The prevalence of online harassment, cyber bullying, and in extreme cases, sexual exploitation of children, prompted suggestions for social media companies to develop better systems for reporting and resolving abuse and harassment, and for the Federal Trade Commission to revise its current regulations to “clarify how to make systems for reporting cases of online harassment and abuse comply with the Children’s Online Privacy Protection Act.”
And as most parents can confirm, the report cited how social media can often consume time that could be spent in more useful and health-affirming ways, such as sleep, exercise, studying, or pursuing hobbies.
“The platforms also have a distracting power that can conflict with an important developmental window for cultivation of attentional control, a skill necessary for academic success and emotional adjustment,” the report states. “Social media use may reduce adolescents’ ability to sustain attention and suppress distraction, key components of concentration. At the same time, it is difficult to say that the distraction posed by social media is a function of the media or of the distraction inherent in reading on screens and the related incitements to multitask.”
The committee called for the National Institutes of Health, the National Science Foundation, and other research funders to “support a research agenda that gives priority to the health consequences of social media use, the epidemiology of problematic use, the mechanisms through which social media use influences health, efforts to remediate harms associated with social media use, the role of parents and other adults in influencing positive use, and algorithmic audits.” This proposed research agenda could possibly help clarify any “causal pathway between social media use and various health indicators,” one of the facets of social media use the committee was convened to explore.
According to the report, the committee was also charged with asking difficult questions about the broad effects, across different age groups, of social media on physical and mental health and well-being.

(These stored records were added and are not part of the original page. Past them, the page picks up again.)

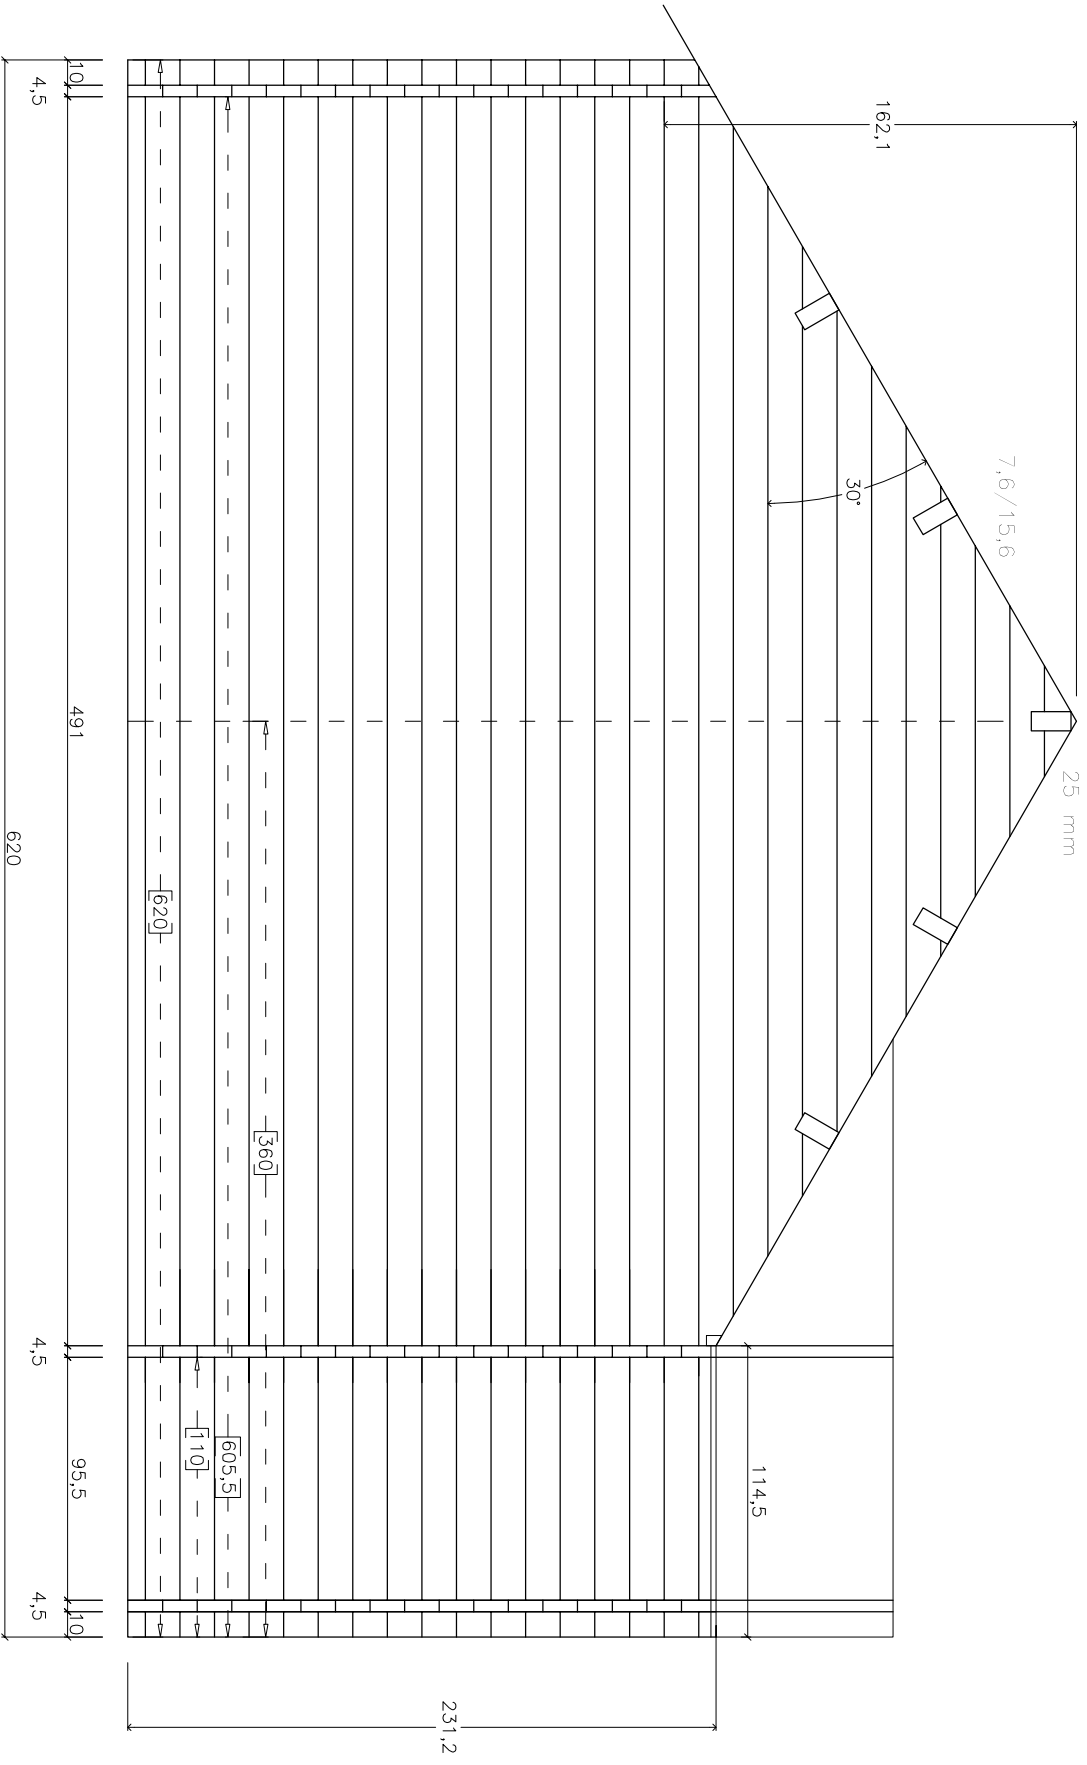

NL ABC
kom. Wolfert 242
500x900

NL ABC
korn. Wolfert 242
500x900

pos G

№ ABC
ком. Wolfert 242
500x900

305 F

NL ABC
kom. Wolfert 242
500x900

pos E

NL ABC
 kom. Wolfert 242
 500x900

pos D

NL ABC
kom. Wolfert 242
500x900
pos C

NL ABC
kom. Wolfert 242
500x900
pos B

NL ABC
 kom. Wolfert 242
 500x900

pos A

Schirmbrett

Traufbrett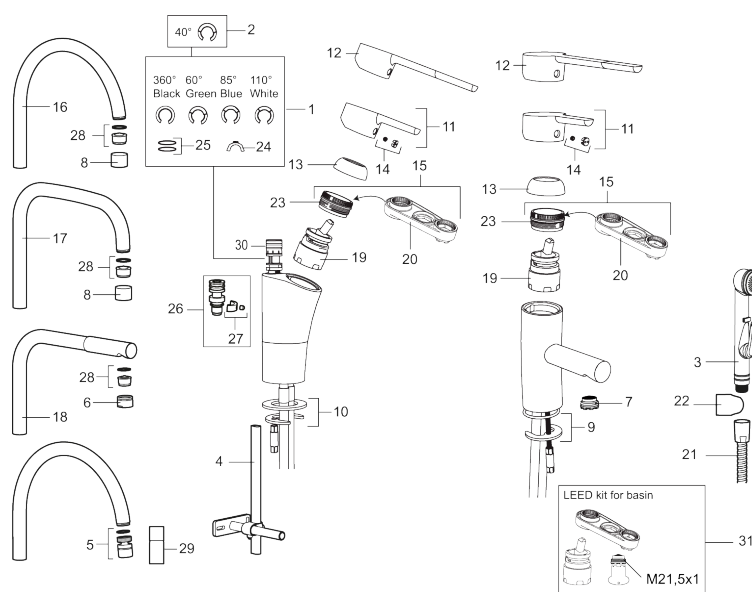

PRODUKTBeskrivning

MORA MMIX K6 köksblandare

Mora MMIX kombinerar en formskön och ergonomisk design med en energieffektiv insida. Designen präglas av en smeksamt böljande geometri och förmedlar en tidlös och sammanhängande stil över hela serien. Vårt unika miljökoncept EcoSafe™ ligger till grund för utvecklingsarbetet och bidrar till låg energiförbrukning och långsiktig miljöhänsyn. Blandaren är blyfri.

Art.nr: 732001

RSK: 8318372

Reservdelslista

NR.	ART.NR	RSK	BESKRIVNING
	37885000	8594518	Planpackning t Soft PEX®-rör 3/8, 10-pack
1	S600299	8387254	Spärsegment och låsring
2	209543.AE	8346916	Spärsegment 40°
3	S600206	8233049	Självstängande handdusch, krom
4	S600308	8387263	Stabiliseringsstag
5	S600314	8280068	Strålsamlare M22 inv., ledbar, 7–9 l/min vid 3 bar
6	131415.AE	8281512	Hylsa M24 utv., 15 mm, krom
7	S600312	8280067	Strålsamlare M21,5 utv., 7–9 l/min vid 3 bar
7	409385.AE	8242292	Strålsamlare M21,5 utv., 5 l/min vid 2-6 bar
7	S600228		Strålsamlare M21,5 utv., 3 l/min vid 2-6 bar
7	409429.AE		Strålsamlare M21,5 utv., 9-11 l/min vid 3 bar
8	131410.AE	8281509	Hylsa M22 inv.
9	S600160	8387096	Monteringssats, tvättställsblandare
10	S600159	8387097	Monteringssats, köksblandare

In pursuing this mandate, the committee also investigated “the relative risks and benefits of various forms of online media and the consequences of media use during childhood and adolescence.” The committee was also asked to identify a research agenda that might help clarify the causal pathway between social media use and various health indicators.
Committee members have expertise in cognitive science, computational science, economics, education, epidemiology, law, media science, mental health, network science, neuroscience, pediatrics, psychology, social media, and technology.
The project was funded by the Democracy Fund, Ford Foundation, the William and Flora Hewlett Foundation, Luminate Projects Limited, the John D. and Catherine MacArthur Foundation, the Open Society Foundations, and the National Academy of Sciences W.K. Kellogg Foundation Fund.